▶ [Work instructions]: For this exercise, repeat the records below exactly and omit every picture.

▶ [Material for this exercise]:
|---|
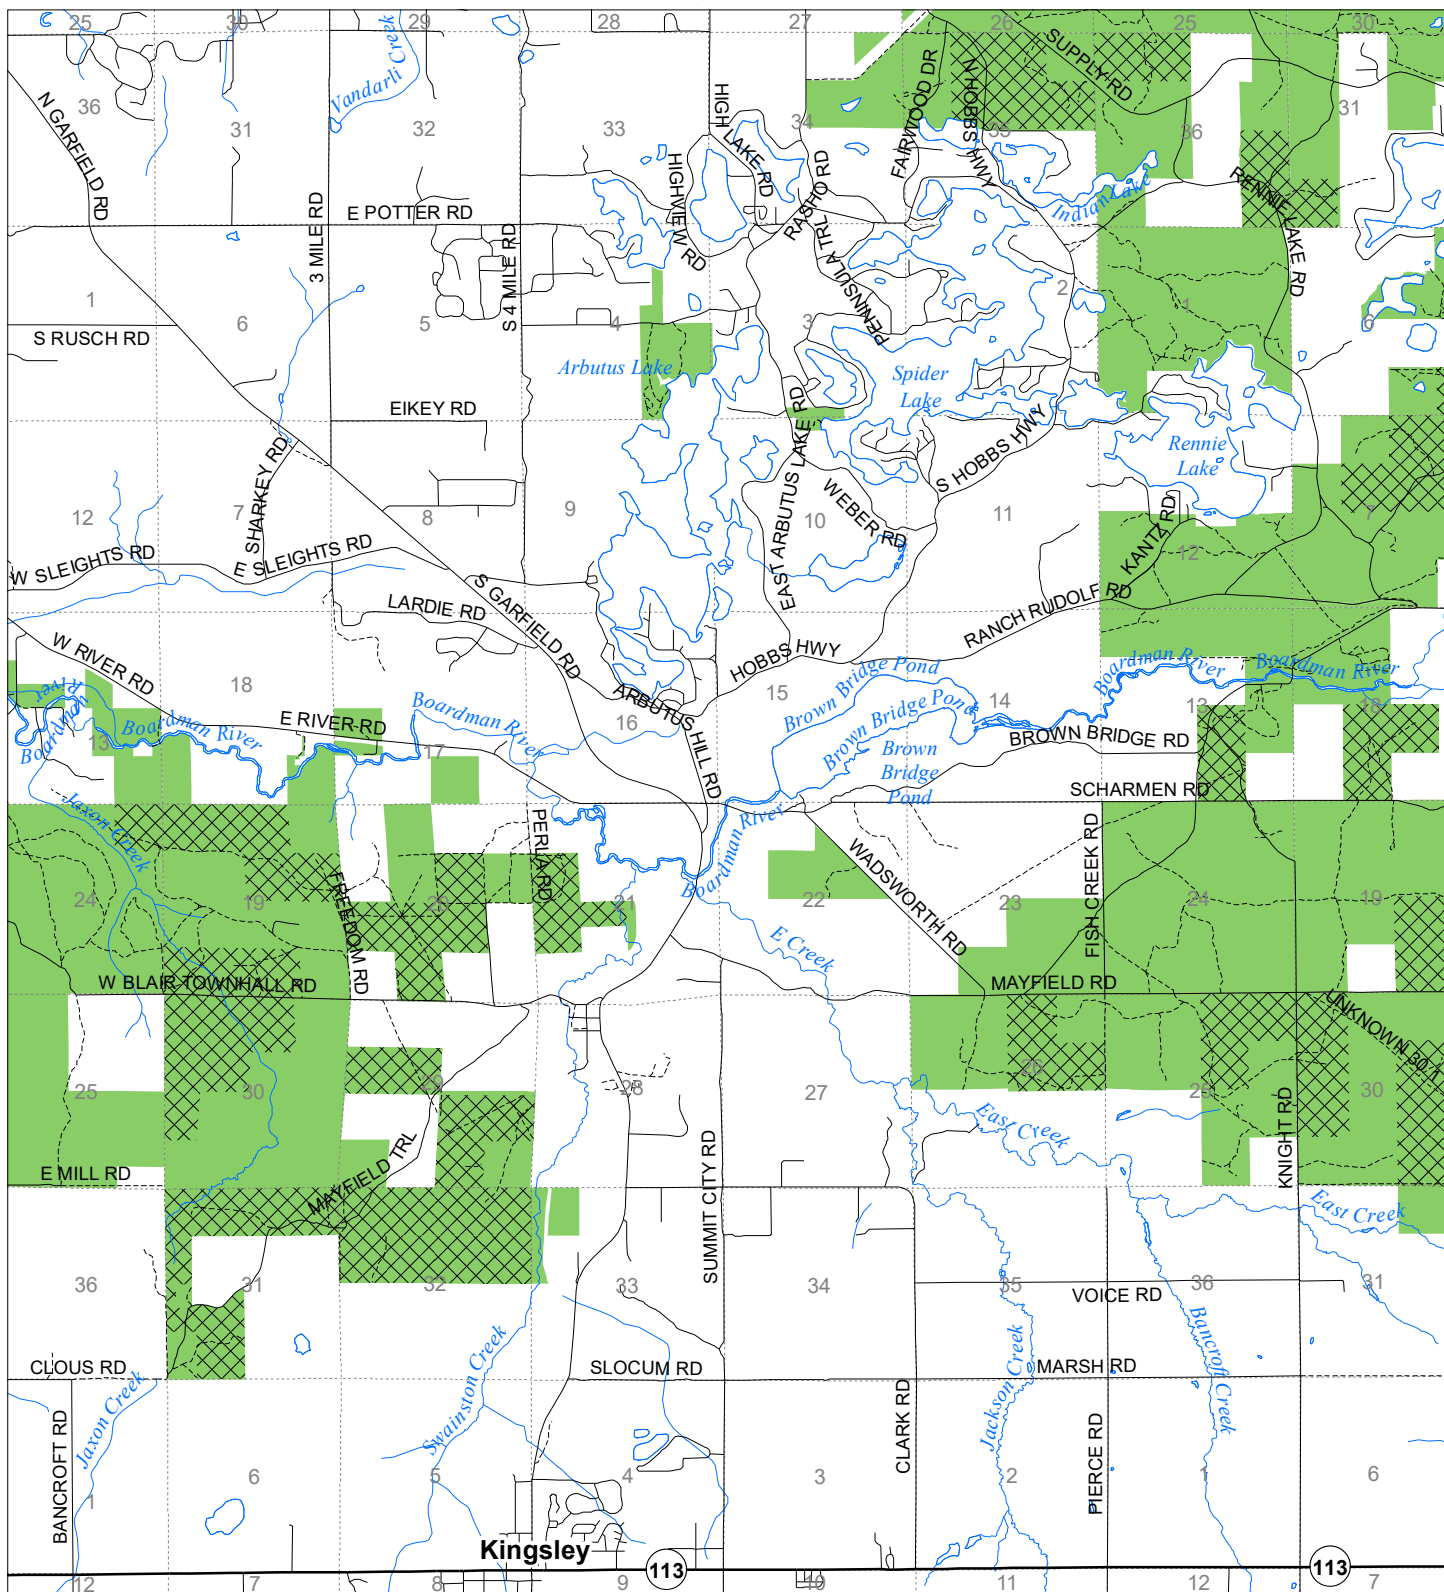

# Fuelwood Collection Grand Traverse County T26N,R10W

- State land open to fuelwood collection
- State land closed to fuelwood collection

Effective: March 1, 2021

  
 Miles  
 0      0.5      1

02/02/2021
|---|
▶ [Task answer]:
# Fuelwood Collection Grand Traverse County T26N,R10W

- State land open to fuelwood collection
- State land closed to fuelwood collection

Effective: March 1, 2021

  
 Miles  
 0      0.5      1

02/02/2021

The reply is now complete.